Mark makes a good distinction between “shocking” and “disturbing” but I can’t help but feel that the latter is merely a more sophisticated version of the former. Whitehouse are modelling themselves on something completely anti-social and yet they are reaching out to the public by dint of releasing records and performing. Clearly people involved with the activities they glorify do not publicise them, and will go to enormous lengths to ensure that nobody else knows about them. So it cannot be the case that Whitehouse, in reality, are indifferent to people and their responses to their work.
I also received a fascinating email from Marcus at Rephlex last night, which I must confess I read when I was pissed, so it’s all a little hazy. (Marcus, sorry to be so crap at responding to emails. Big up ya status!)
Marcus recently attended a talk by William Bennett (and I think Phillip Best) about Whitehouse’s work. Which is clearly a shift – a deliberate attempt to engage with the audience. It sounds very interesting and from what I remember in my hungover state, Marcus got the impression that Bennett was very interested in the audience’s reaction and was in fact on a mission to evoke a particular response in them (i.e. fear/danger/liberation).
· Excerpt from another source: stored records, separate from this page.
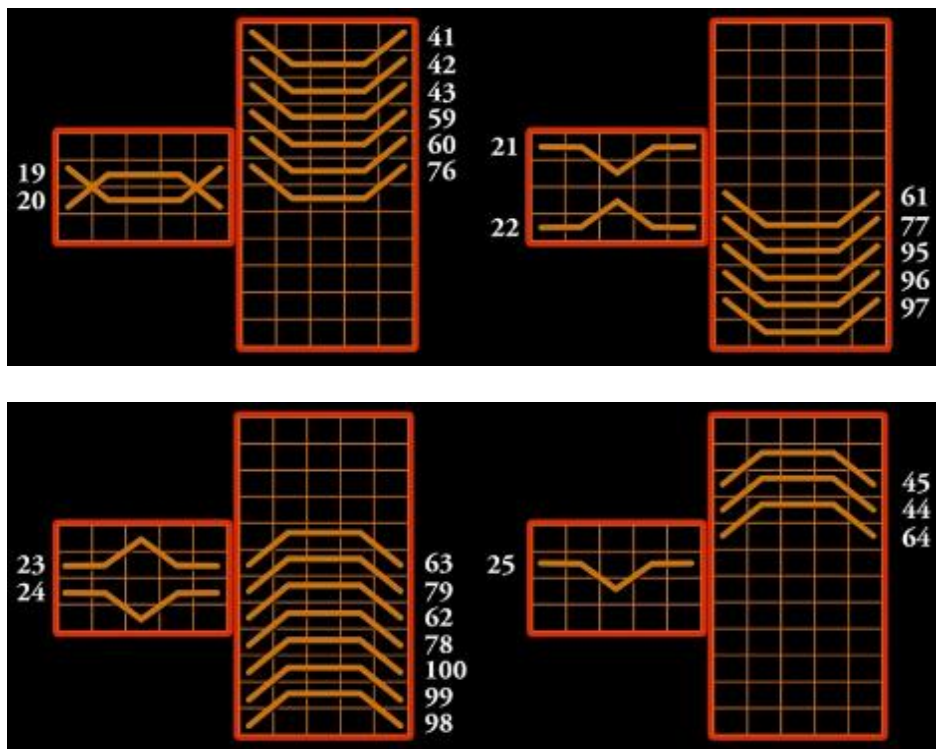

Reguli

- Toate premiile sunt pentru combinațiile de un fel.
- Toate premiile sunt pentru combinațiile de la stânga la dreapta și de la dreapta la stânga, cu excepția simbolurilor scatter.
- Toate premiile sunt pe liniile selectate, cu excepția scatter-urilor.
- Simbolurile scatter la vedere declanșează jocuri gratuite.
- Simbolul scatter poate apărea doar pe rolele 1, 3 și 5 de pe ambele seturi.
- Simbolurile scatter se acordă o dată pe runda de joc.
- Se plătește doar cel mai mare câștig pe fiecare linie de câștig selectată.
- 5 premii de un fel plătite doar o dată.
- Câștigurile pe linie se adaugă.
- Tabela de plăți afișează întotdeauna premiile pentru miza și numărul de linii selectate în acel moment.
- Jocurile gratuite pot fi câștigate din nou în timpul jocurilor gratuite.
- Jocurile gratuite se joacă cu miza și liniile de câștig selectate în runda de joc care le-a activat.
- Simbolul Wild poate apărea pe toate rolele.

TABELA DE PLĂȚI

SIMBOL	6x	5x	4x	3x	2x	LINIE	SCATTER	FUNCȚIE SPECIALĂ
Crab		200	50	30		x		
Pisică de mare		150	40	20		x		
Căluț de mare		150	30	10		x		
Pește		150	30	10		x		
Banc		150	30	10		x		
As		100	20	5		x		
Popă		100	20	5		x		
Damă		100	20	5		x		
Valet		50	10	5		x		
Zece		50	10	5		x		
Delfin		200	50	30		x		Substituie cu excepția scatter-ului
Perlă	2000	2000	500	200			x	Declanșează jocuri gratuite

Planul de câștig este oferit ca un multiplu al mizei pe linie, cu o miză minimă pe linie de 0.01 €. Numai combinația de simboluri cu cea mai mare valoare este plătită pe fiecare linie de plată.

LINII DE CÂȘTIG

The question then is – does that take power away from what Bennett is trying to do (a recognition that the game is up after 20 years?)
I do take Mark’s point about fascism being a trap – mere human politics, compared to what Whitehouse are attempting. (In fact I remember them doing two tracks: “BirthDeath” and “Politics” which both consisted of nothing – silence.). But as a part of the rejection of fascism comes a commitment to “libertarianism” which, although vague, is still some kind of (moral?) framework. Far better (from the point of view of cultivating a mythology) to not come down on either side of the fence, I would imagine. Death In June (and their clones) have made a successful career about being ambiguous about fascism.
Coming back to the religion thing, I think the precise point that Matt was making was not that Whitehouse were “anti-religious” (which I would take to mean a completely materialist, rationalist, atheistic worldview) but that they represented an “evil” form of spirituality – an inversion of the white light of xtianity.